Monthly Archives: February 2015

Seminar CCVI: whose job was high medieval English pastoral care?

I have had to neglect this blog cruelly so far this year, I am keenly aware, and I hope–this sounds foolish but I mean it–to blog about at least one of the reasons why shortly. Meanwhile, however, I will unblock the head of the queue by reporting on a lecture I went to in Birmingham last June, before the backlog can get any worse…

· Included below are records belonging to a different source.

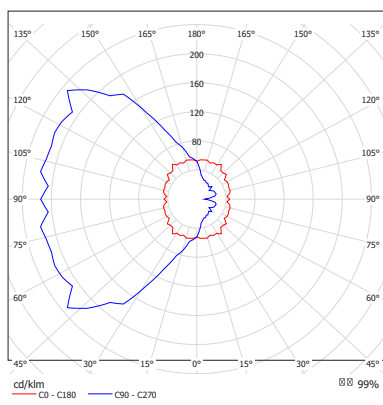

Fotometrie / Photometric Data

Low Matt White

Low Matt Mustard

Tall Matt White

Tall Matt Sage Green

Slim Matt White

Slim Matt Blue

NOTE:

Cover of Robert Swanson's Religion and Devotion in Europe c. 1215-c. 1515

Cover of Robert Swanson’s Religion and Devotion in Europe c. 1215-c. 1515

One of the people it’s been nice to meet while in Birmingham is Professor Robert Swanson. Very loyal readers might just remember my first encounter with his work, years ago when I had to read up on the twelfth-century Renaissance very quickly.1 I enjoyed that book and it was very helpful, but it turns out that this is not really what he does, which is much more late medieval Church organisation and spirituality. That is a subject that attracts all sorts, but having talked to Professor Swanson a bit I thought it would be fun to hear him do his stuff, and the opportunity came around on 3rd June 2014, when he was asked to give the Guest Lecture to the Early Medieval, Medieval, Renaissance, Reformation and Early Modern Forum in Birmingham. The title he chose was “Pastoral Care, Pastoral Cares, Pastoral Carers: the cura pastoralis in late medieval England”. This would have been too late and too Insular for me in normal circumstances, since more or less all the questions whose solutions intrigue me about the early and high medieval Church seem pretty much settled in the Fourth Lateran Council of 1215, but I had at this point just finished supervising an undergraduate dissertation on a text of this kind and era, onto the study of which Professor Swanson had put the relevant pupil, so I felt as if I might get something out of it, and so I did.2

Effigy of Archbishop John Pecham of Canterbury, responsible as you will read for making all this stuff a live issue in England. Canterburycathedraljohnpeckhamtombeffigy" by Ealdgyth - Own work. Licensed under CC BY-SA 3.0 via Wikimedia Commons.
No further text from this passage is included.